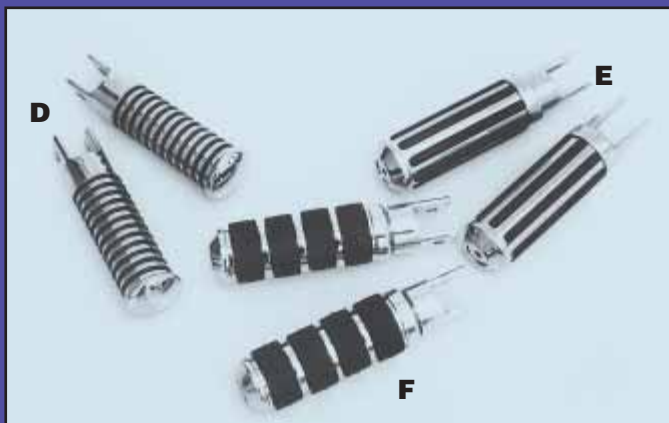

FUSSRASTEN

Ersatz- bzw. Austauschfußrasten in verschiedenen Designs für Vorverlegte AME Fußrastenanlagen, paarweise

D ' Sundance - Style '	HWB 196 O
E ' Ness - Style '	HWB 332 O
F ' Fat - Bob - Style '	HWB 196GO
G ' Diamond - Style ' (Abb. siehe S. 91)	HWB 196DO

H GUMMIRINGE SUNDANCE (ERSATZ)

für Fußrasten HWB 196 O.....GUM 283 B

SCHALTPEDALE / BREMSPEDALE

Ersatz- bzw. Austauschpedale in verschiedenen Designs für Vorverlegte AME Fußrastenanlagen, Stück

I ' Sundance - Style '	GSH 282
J ' Ness - Style '	GSH 332
K ' Fat - Bob - Style '	GSH 282 G
L ' Diamond - Style ' (Abb. siehe S. 84)	GSH 282 D

M GUMMIRINGE SUNDANCE (ERSATZ)

für Schalt- / Bremshebel GSH 282 .....GUM 283 A
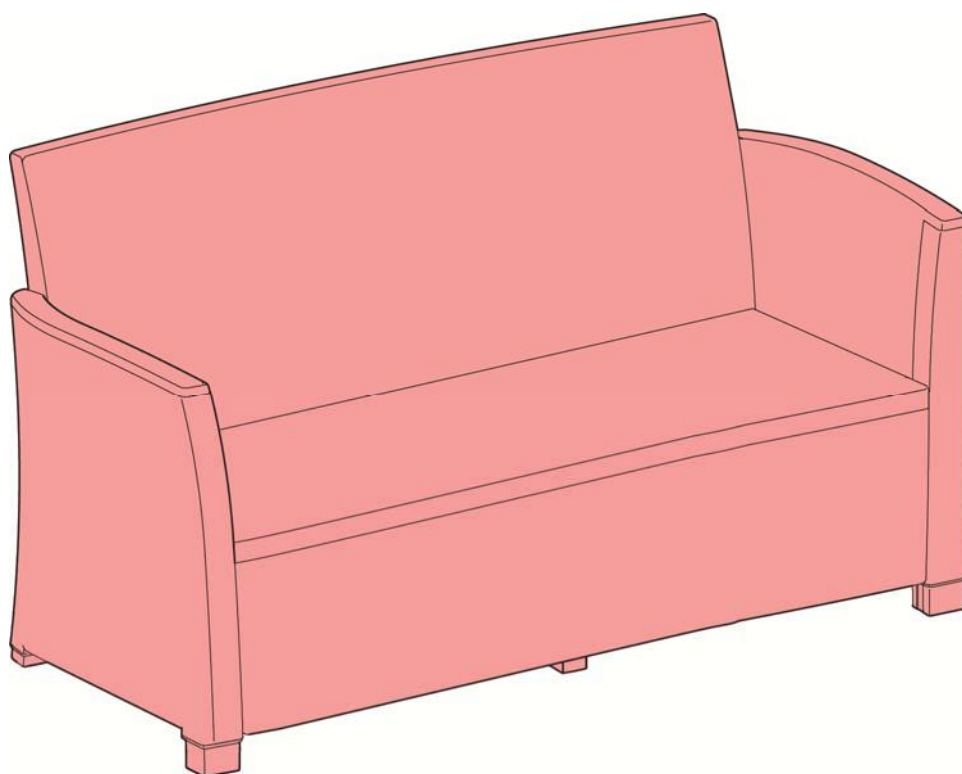

WICKER SOFA

"CORONA SOFA" V0.1 / 561548 / 442093

ALLIBERT 

Ericssonstraat 17 | 5121 MK Rijen | The Netherlands | WWW.ALLIBERT-OUTDOOR.COM

NEN 581

SBC (1x)

SB (1x)

SR (1x)

SB (1x)

SF (1x)

LS (1x)

RS (1x)

MLB (1x)

MLF (1x)

BL (1x)

LF (1x)
────
■ Activity
Write out again, exactly, each line from the one containing "H GUMMIRINGE SUNDANCE (ERSATZ)" through the last line of the entries, and omit every picture.

■ Expected output
H GUMMIRINGE SUNDANCE (ERSATZ)

für Fußrasten HWB 196 O.....GUM 283 B

SCHALTPEDALE / BREMSPEDALE

Ersatz- bzw. Austauschpedale in verschiedenen Designs für Vorverlegte AME Fußrastenanlagen, Stück

I ' Sundance - Style '	GSH 282
J ' Ness - Style '	GSH 332
K ' Fat - Bob - Style '	GSH 282 G
L ' Diamond - Style ' (Abb. siehe S. 84)	GSH 282 D

M GUMMIRINGE SUNDANCE (ERSATZ)

für Schalt- / Bremshebel GSH 282 .....GUM 283 A

WICKER SOFA

"CORONA SOFA" V0.1 / 561548 / 442093

ALLIBERT 

Ericssonstraat 17 | 5121 MK Rijen | The Netherlands | WWW.ALLIBERT-OUTDOOR.COM

NEN 581

SBC (1x)

SB (1x)

SR (1x)

SB (1x)

SF (1x)

LS (1x)

RS (1x)

MLB (1x)

MLF (1x)

BL (1x)

LF (1x)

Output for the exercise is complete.